** DATA SECTION follows **
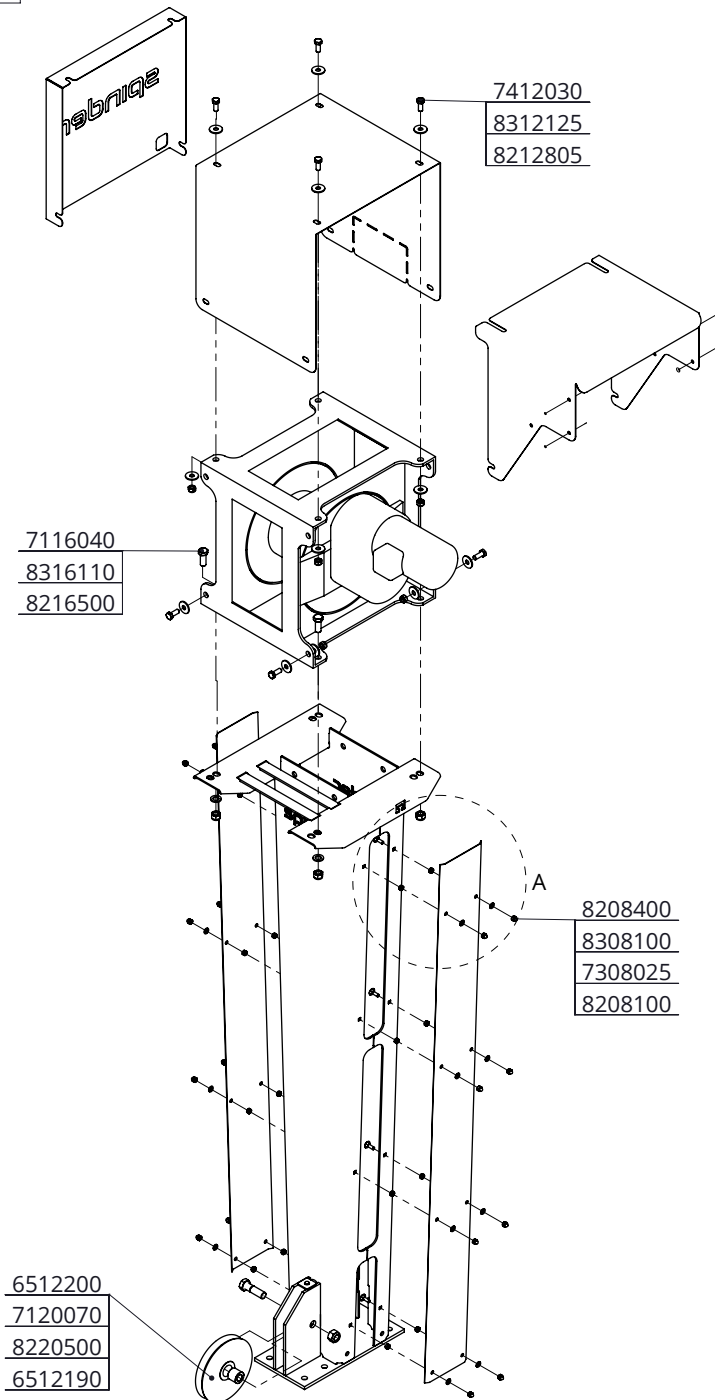

6512175

Bestel-nr.	Omschrijving	Aantal
1110301	T-bout M16/28x25cm, excl. moer	2
6512125	eindaanslag voor trommelaandrijving	1
8216100	zesk.moer M16 verz.	2

6512170

Bestel-nr.	Omschrijving	Aantal
1111250	betonanker, thermisch verzinkt - M16x120	2
6512125	eindaanslag voor trommelaandrijving	1

eindaanslag

**spinder**

DAIRY HOUSING CONCEPTS

Nummer: 651217x-O

Maateenheid: mm

Datum: 11-4-2018

Tekening blijft ons eigendom en mag niet gekopieerd, aan derden getoond of op andere wijze worden gebruikt. Aan de gegevens op deze tekening kunnen geen rechten worden ontleend.

Bestel-nr.	Omschrijving	Aantal
6512190	lagerbus 35x20 L=30 mm, gehard	1
6512200	touwschijf voor touw 8 en 10 mm	1
7116040	zesk.bout M16x40 8.8 verz	4
7120070	zesk.bout M20x70 8.8 verz	1
7308025	slotbout M8x25 8.8 verz	16
7412030	zesk.tapbout M12x30 RVS A2	8
8208100	zesk.moer M8 verz.	16
8208400	zelfb.dopmoer M8 verz.	16
8212805	zelfb. nylon moer M12 RVS	8
8216500	zelfb. nyloc moer M16 verz.	4
8220500	zelfb. nyloc moer M20 verz.	1
8308100	sluitring M8 (8x17x1,6)	16
8312125	sluitring M12 (13x37x3) RVS	16
8316110	sluitring M16 DIN 125A	4
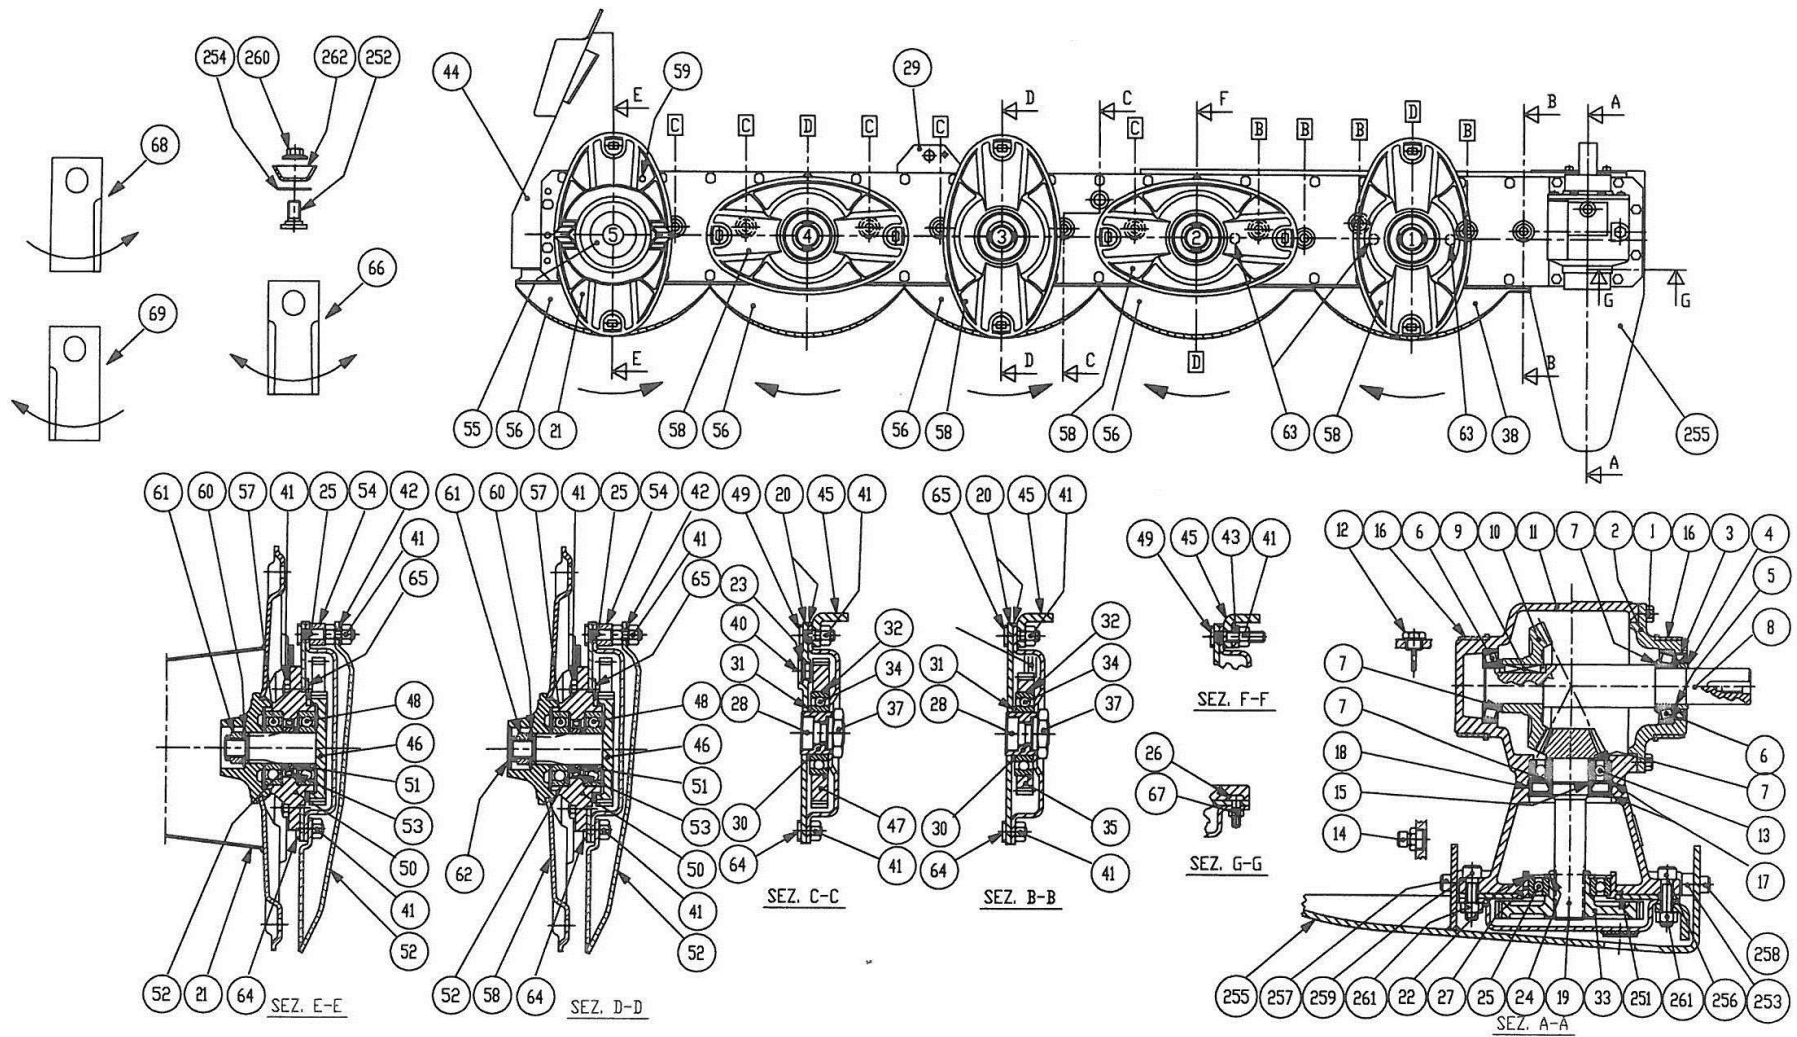

Nr. No. Nr. No.	Vare nr. Part No. Teil Nr. No.de pièce	Antal Quantity Anzahl Nombre	Beskrivelse	Description	Bezeichnung	Désignation	Bemærkninger Remarks Bemerkung Remarques
1	57049	8	Bolt	Bolt	Bolzen	Boulon	M10x22 FZB
2	57050	1	Dæksel	Cover	Deckel	Couvercle	
3	57051	1	Pakdåse	Seal box	Stopfbuchse	Presse étoupe	45x65x10mm
4	57052	1	Bøsning	Bush	Buchse	Douille	
5	57053	1	O-ring	O-ring	O-ring	O-anneau	34,59x2,62mm.
6	1130207	2	Kugleleje	Ball bearing	Kugellager	Roulement à billes	30207
7	57055	3	Skive	Washer	Scheibe	Rondelle	
8	57056	1	Aksel	Shaft	Welle	Arbre	
9	57057	1	Pasfeder	Flat key	Pabfeder	Clavette	10x8x35mm.
10	57058	1	Kronhjul	Crown wheel	Kronrad	Couronne dentee	
11	57059	1	Gearhus	Gearcase	Getriebegehäuse	Boite de vitesses	
12	57060	1	Prop	Plug	Stopsel	Bouchon	3/8"
13	1163070	1	Kugleleje	Ball bearing	Kugellager	Roulement à billes	6307
14	57061	1	Prop	Plug	Stopsel	Bouchon	3/8"
15	57064	1	Pakdåse	Seal box	Stopfbuchse	Presse étoupe	35x80x10mm.
16	57062	2	Bøsning	Bush	Buchse	Douille	
17	57063	2	Låsering	Lock ring	Schliebring	Jonc d'arret	80mm.
18	741141035	1	Låsering	Lock ring	Schliebring	Jonc d'arret	35mm. Udv.
19	57065	1	Notaksel	Spline axle	Nutenwelle	Arbre cannele	
20	57143	1	Gearkasse	Gearcase	Getriebegehäuse	Boite de vitesses	
21	57122	1	Skive med hat	Disc w. hat	Aussenscheibe m. Top	Disque avec chapeau f. 4mm knives	
22	57063	1	Låsering	Lock ring	Schliebring	Jonc d'arret	80mm.
23	57138	3	Pakring	Seal box	Stopfbuchse	Presse étoupe	17x22x1,5mm.
24	741141040	1	Låsering	Lock ring	Schliebring	Jonc d'arret	40mm.
25	1162080	1	Kugleleje	Ball bearing	Kugellager	Roulement à billes	6208
26	57068	4	Bolt	Bolt	Bolzen	Boulon	M8x25 FZB
27	57069	1	Bøsning	Bush	Buchse	Douille	
28	57070	15	Bolt	Bolt	Bolzen	Boulon	M20x30 FZB
29	57071	1	Transportbeslag	Transport fitting	Transport Beschlag	Garniture de transport	
30	57128	15	Bøsning	Bush	Buchse	Douille	
31	57073	15	Afstandsplade	Spacer	Abstands Plate	Entretoise	
32	57125	15	Låsering	Lock ring	Schliebring	Jonc d'arret	80mm.
33	57123	1	Tandhjul	Sprocket wheel	Zahnrad	Pignon à chaîne	Z 45 M3
34	11620803	15	Kugleleje	Ball bearing	Kugellager	Roulement à billes	6208 N / C3
35	57127	5	Tandhjul	Sprocket wheel	Zahnrad	Pignon à chaîne	Z 36 M3
37	57126	15	Møtrik	Nut	Mutter	Ecrou	M20x10,2x1,1
38	57079	1	Stenbeskytter	Stone protection	Steinschutz	Protection de pierre	
39	57080	2	Stift	Pin	Stift	Goupille	10x12mm.
40	57115	2	Prop	Plug	Stopsel	Bouchon	3/8"
** End of DATA SECTION **
● **PROBLEM**
Each line of the data that has the string "Boulon" should be returned.

● **WRITTEN SOLUTION**
1	57049	8	Bolt	Bolt	Bolzen	Boulon	M10x22 FZB
26	57068	4	Bolt	Bolt	Bolzen	Boulon	M8x25 FZB
28	57070	15	Bolt	Bolt	Bolzen	Boulon	M20x30 FZB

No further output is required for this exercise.